Location
- Terling Road Wood Lane Dagenham, RM8 1JT England 51°33′46″N 0°09′05″E﻿ / ﻿51.56270°N 0.15129°E

Information
- Type: Voluntary aided school
- Religious affiliation: Catholicism
- Established: 1992
- Local authority: Barking and Dagenham
- Department for Education URN: 101247 Tables
- Ofsted: Reports
- Head teacher: Clare Cantle
- Gender: Coeducational
- Age: 11 to 18
- Enrolment: 1112
- Website: http://www.allsaintsschool.co.uk

= All Saints Catholic School, Dagenham =

School in Dagenham, England

All Saints Catholic School is a Roman Catholic secondary school located on Terling Road, Dagenham in the London Borough of Barking and Dagenham, England.

==Status==
With around 1100 students, it is the only Catholic voluntary aided comprehensive school in Barking and Dagenham. It is also a training college, receiving the status in 2008, making it one of the first twin colleges.

==History==
All Saints School developed in 1989 as a result of the merging of two older schools: "Bishop Ward Roman Catholic Boys School" and "Sacred Heart Roman Catholic Convent School for Girls". Bishop Ward School, which had opened in 1954, was originally mixed-gender until, in 1962, girls' education was broken off into a separate school located in Goresbrook Road. The new "All Saints School" therefore reversed this earlier division, recombining pupils on the Bishop Ward site in Terling Road, while also combining teaching staff, some of whom were already working across both sites by the time of the merger.

In 1994, All Saints became one of the UK's first Technology Colleges, as part of a set of policy initiatives that would later be termed as the specialist schools programme.

==Performance==
Results at Bishop Ward were poor, with an atmosphere that the then headteacher, Desmond Smith, described as "depressed and violent". Following the appointment of Smith as the last headteacher of Bishop Ward in 1984, and as the first headteacher of new All Saints in 1989, results steadily improved until - in 2003 - All Saints School was considered "the second most improved school in England". The March 2003 Ofsted report summarised the situation: "The school has many very good features. Strategies adopted by the headteacher and governors have led to overall GCSE results rising faster than the national trend for some years, culminating in well above average results in 2002". However, the inspectors also noted that the school's strategy led to several subjects of the National Curriculum not being taught to all pupils in Years 10 and 11. In addition, National Curriculum music provision remained under resourced.
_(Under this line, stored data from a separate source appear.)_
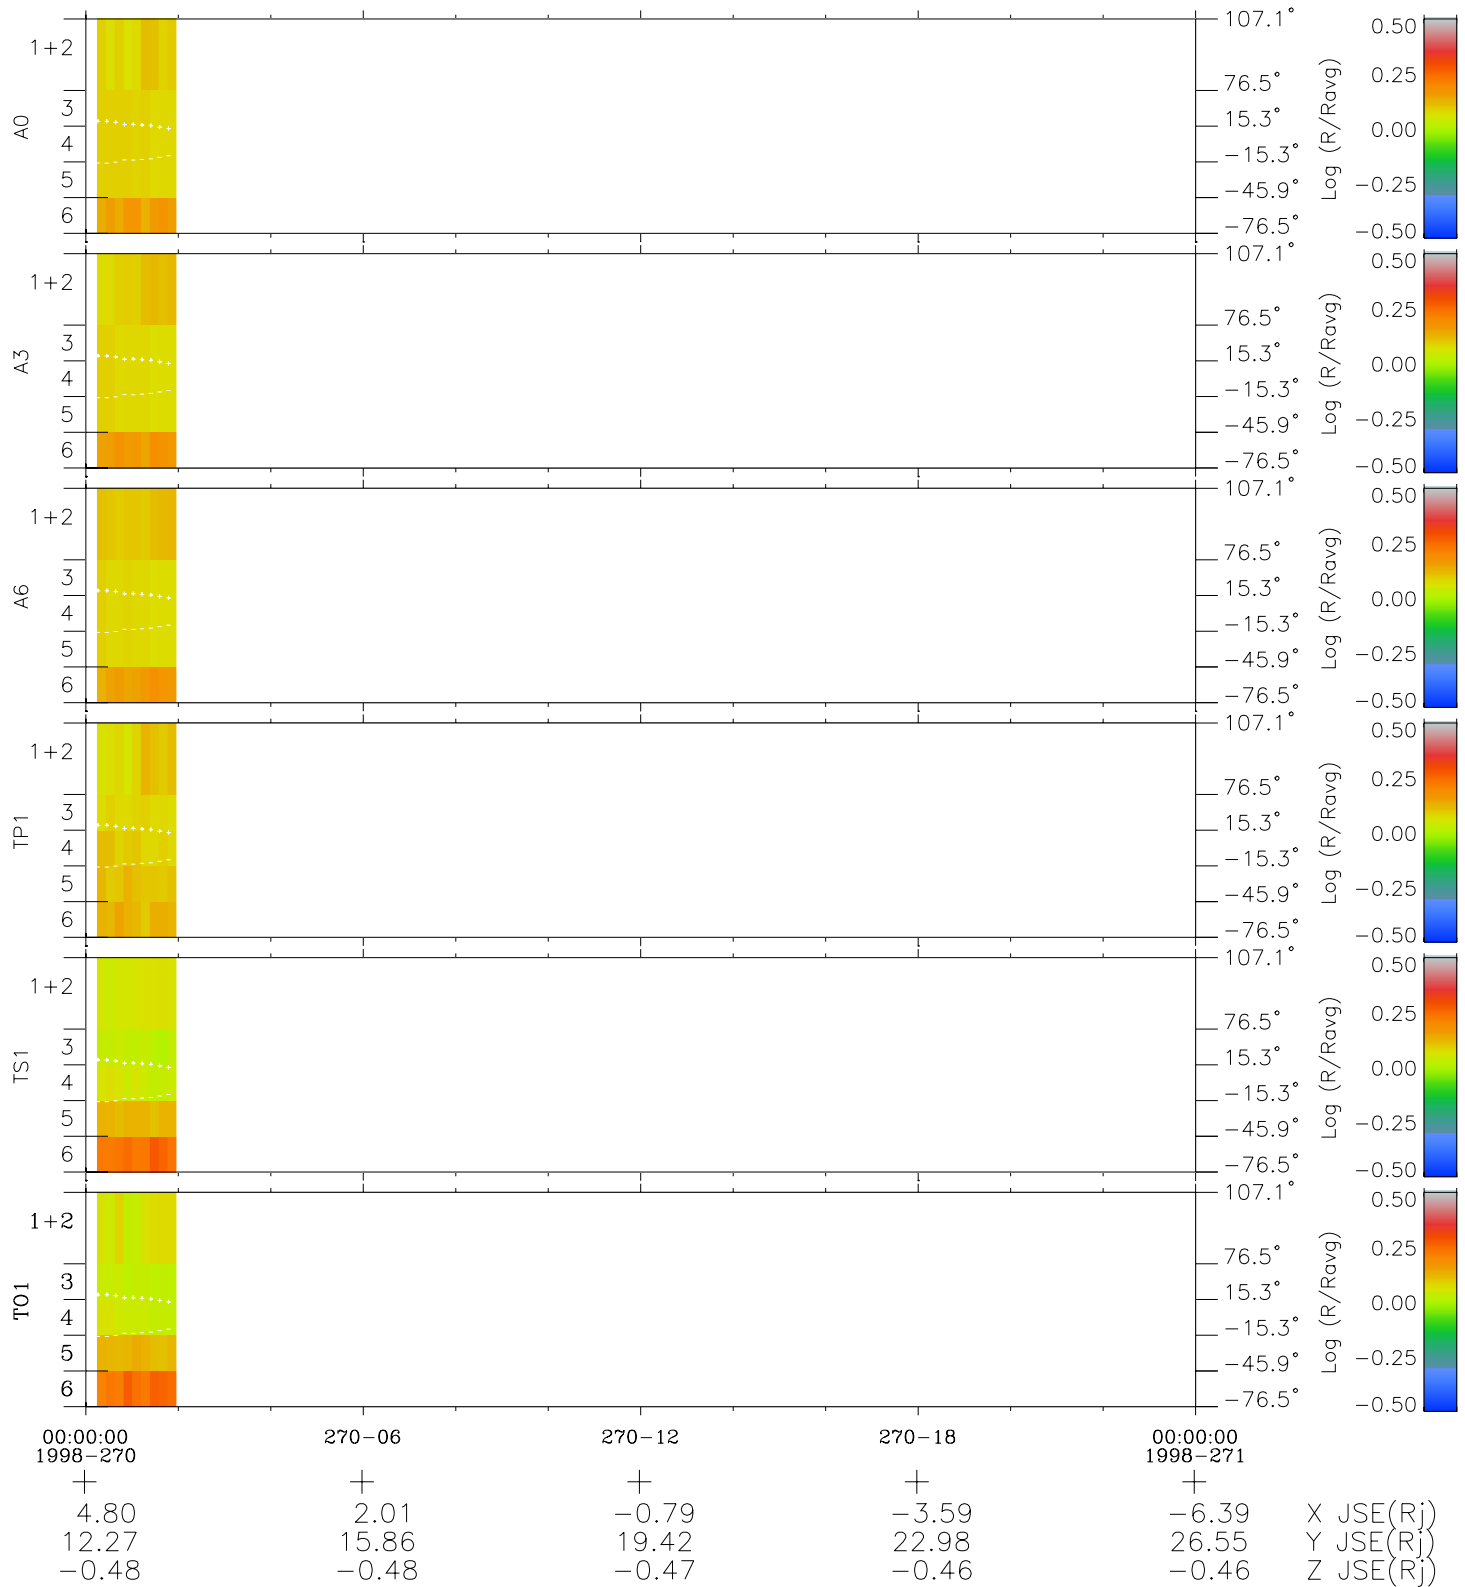

Galileo EPD Real Elevation Anisotropies 98270

Software Version: RTELEV_MEAN V 1.20
Data Production: 06-03-00
Plot Production: Sun Sep 16 15:32:23 2001
Color File: wondr3
Geofactor File: 1.1

- ◇ = Jupiter look direction
- = Corotation look direction
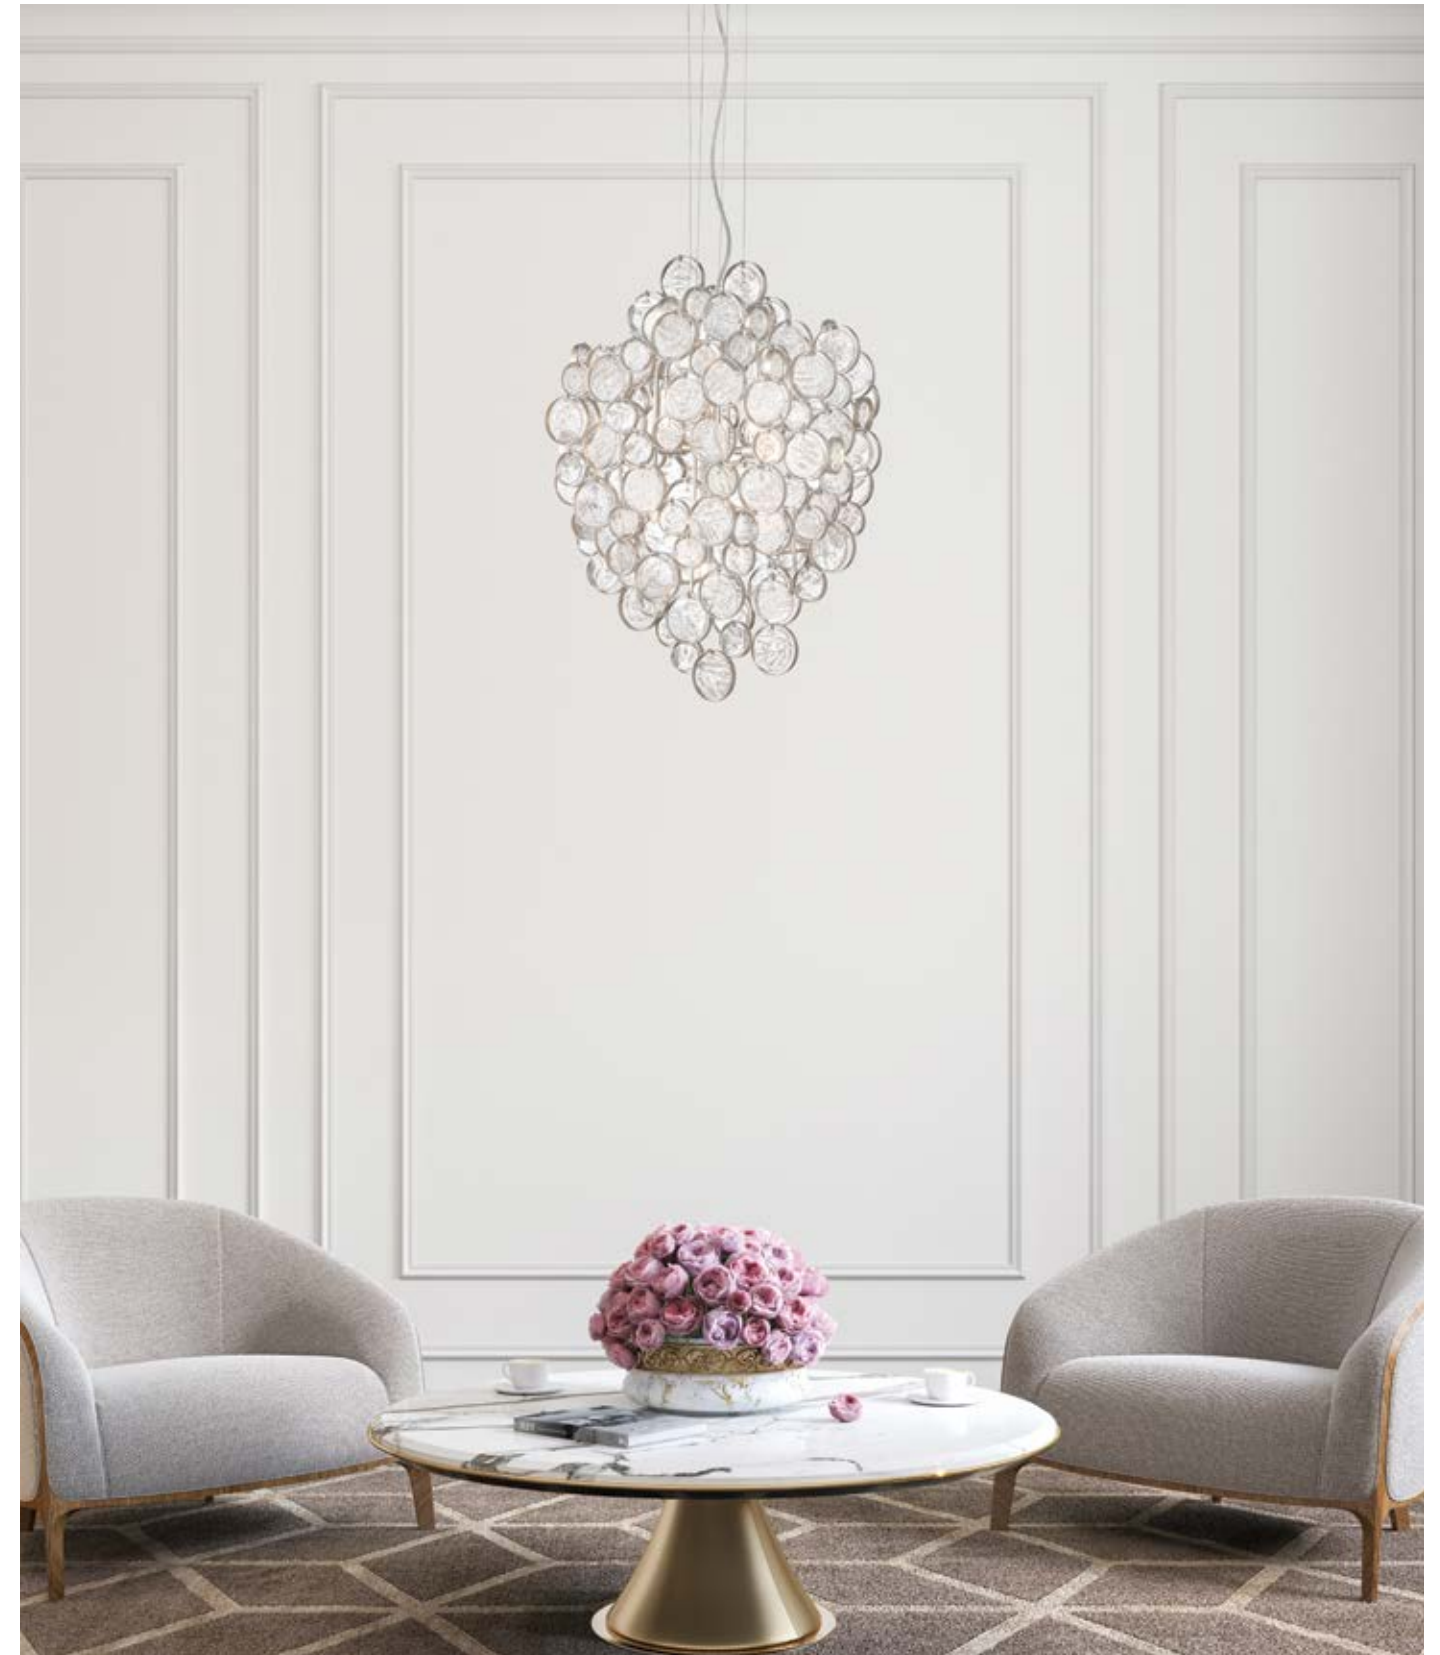

B10 E12

PIASTRA GLASS

HAND STRUNG
APPLICATION

TRENTO [TRENT-OH]

Intricate champagne silver or antique gold frames delicately hand strung glass wafers. The pressed glass, each one a distinguished piece of craftsmanship, float beautifully like clouds.
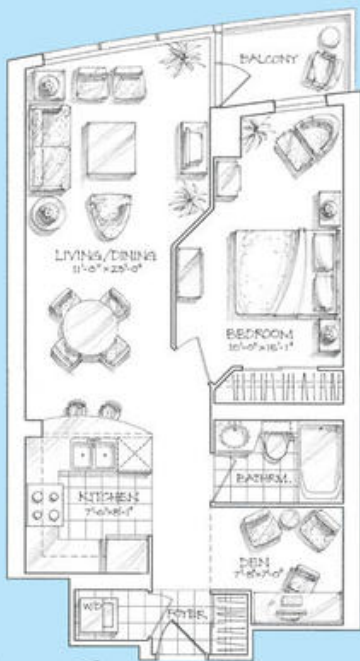

coral

ONE BEDROOM + DEN

681 sq.ft.

SOLD OUT
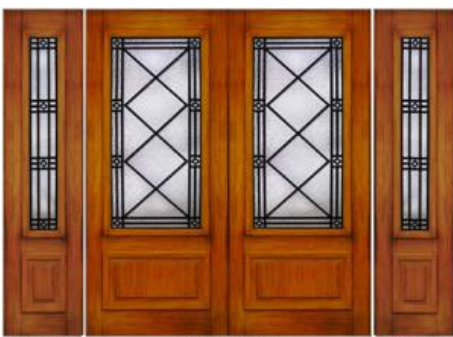

Kits Glass offers a series of elegant wrought iron doorlites sealed between two pieces of tempered glass.

IR A-1001

IR A-1002

IR A-1003

IR A-1004

IRA 1006-848 IRA 1006-2248 IRA 1006-848

IRA 1006-2248

IRA 1006-305 Oval

IRA 1006-305 Oval

IRA 1006-848 IRA 1006-2264 IRA 1006-848

IRA 1006-2264

IRA 1005-848 IRA 1005-2248 IRA 1005-848

IRA 1005-2248

IRA 1005-305 Oval

IRA 1005-305 Oval

IRA 1005-764 IRA 1005-2264 IRA 1005-764

Clean lines combined with clear textured glass and clear bevels create a sleek entranceway.

[VIEW PRODUCTS](#)

**STANDARD PRODUCTS**

**Wrought Iron**

Kits Glass offers a series of elegant wrought iron doorlites sealed between two pieces of tempered glass.
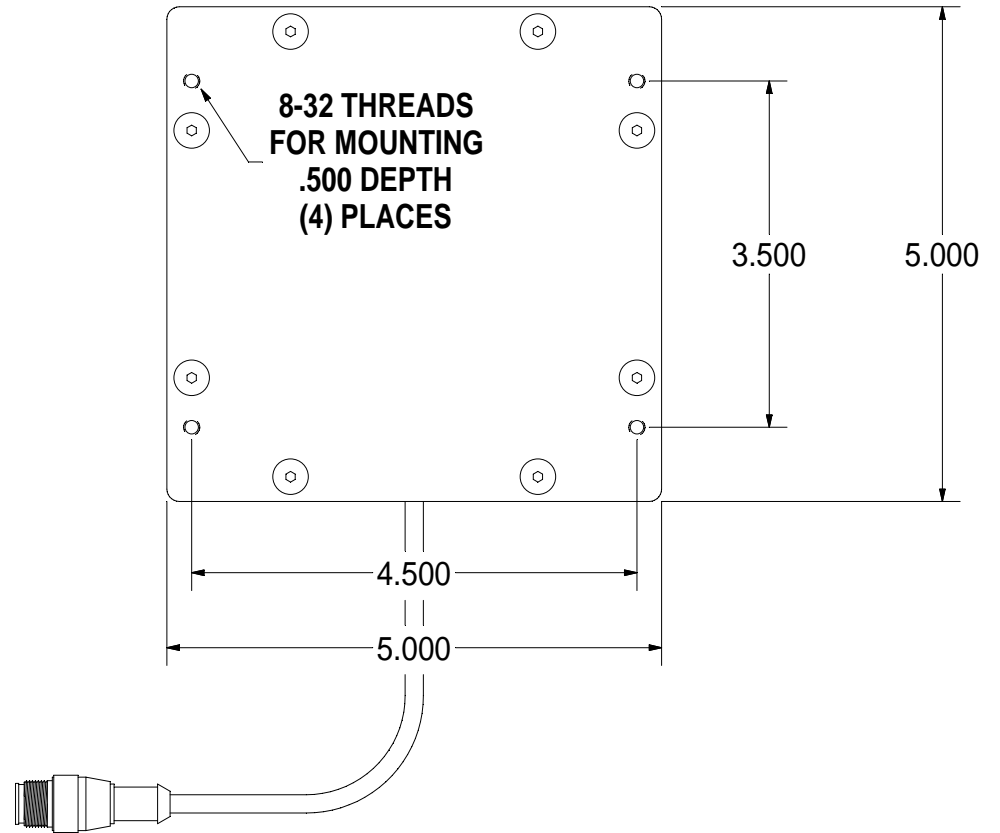

# TOP VIEW

# BOTTOM VIEW

### STANDARD EUROFAST 4-PIN (MALE) CONNECTOR

- PIN 1 (+24VDC / BROWN)
- PIN 3 (GROUND / BLUE)
- PIN 4 (+24VDC / BLACK) STROBE/CONT.

Pyramid Imaging Inc  
945 East 11th Avenue  
Tampa, FL 33605  
<https://pyramidimaging.com>  
Sales@pyramidimaging.com  
(813) 984-0125

# BL44 MOUNT SPECIFICATIONS
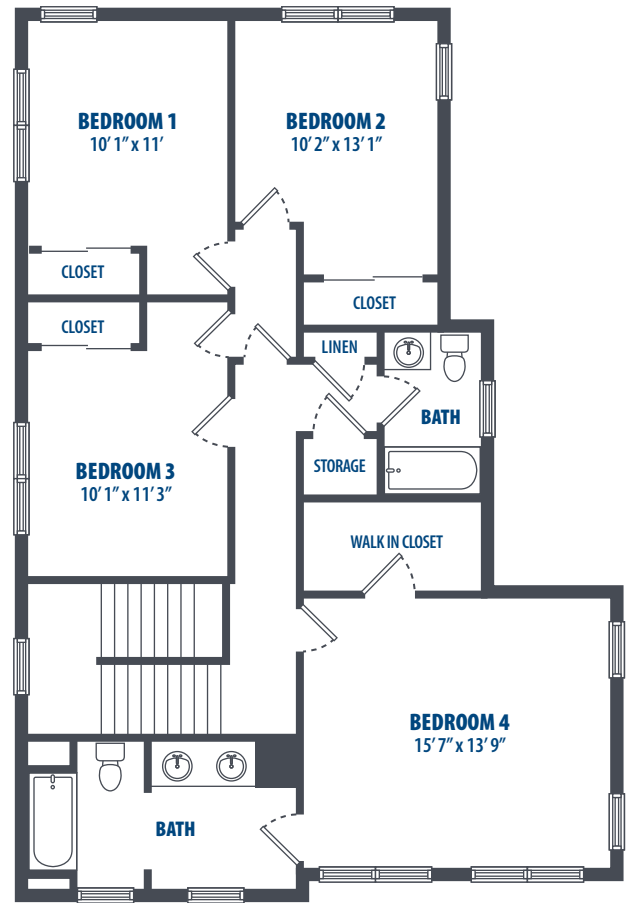

# FORD ISLAND LANDING - 213

3 Bedroom | 2.5 Bath | 1966 Sq. Ft.\*

**FIRST FLOOR**

**SECOND FLOOR**

3349 Catlin Drive | Honolulu, HI 96818 | Phone: 808-784-7800

*\*All square footage is approximate.*
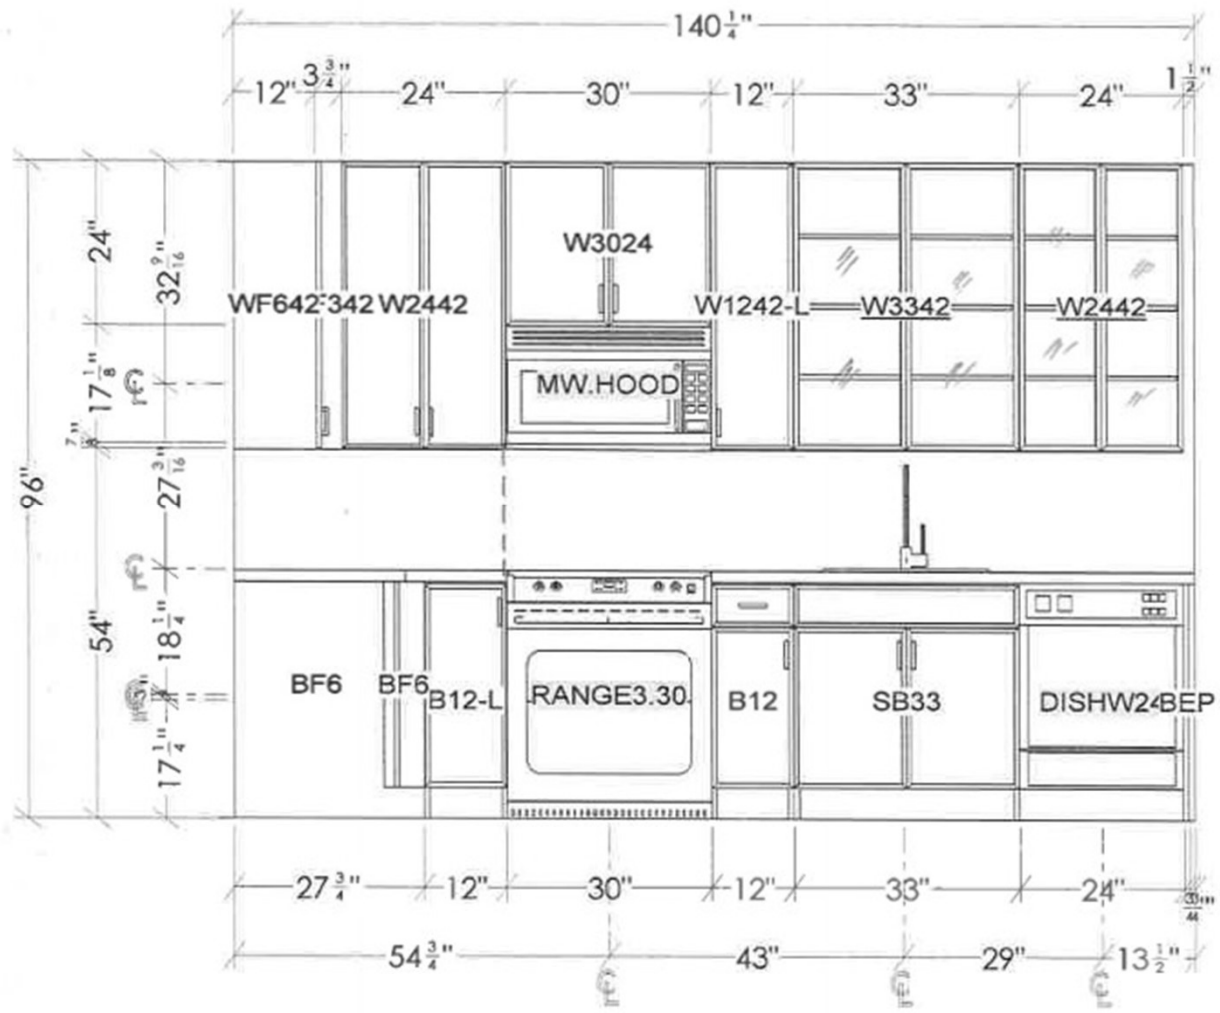

A5m2

2
A-418
UNIT A5M2 PLAN

TOTAL 1 UNIT	AREA	816 GSF
--------------	------	---------

 Scale: 1/4" = 1'-0"

11
A-418

UNIT A5M2 - KITCHEN - ELEV 2

Scale: 1/2" = 1'-0"

Hallway Linen Cabinet
Flat Door with White Matt Color

Removable Cabinet

4 UNIT A5M2 RCP
 A-418 Scale: 1/4" = 1'-0"

Improvements continued and in the report of 6 June 2007 inspection Ofsted rated the school as Grade 1 ("Outstanding"), stating that "the school provides its students with an outstanding education. Standards are high and students achieve extremely well as a result of excellent teaching. The leaders and managers believe that each child is important and this maxim is at the heart of their decision making. There is a clear
vision and a hunger for improvement building on the school's record of outstanding success." However, the school recognises the need to extend some aspects of its provision for the 14–19 age group including improving the guidance in the sixth form.

==Cash for peerages==
Since January 2006, while headmaster at the school, Smith has been notorious for making the indiscreet remarks that triggered the Cash for Peerages scandal. At the end of the 2005–06 academic school year Smith retired and was replaced by the Deputy Head Teacher Kevin Wilson.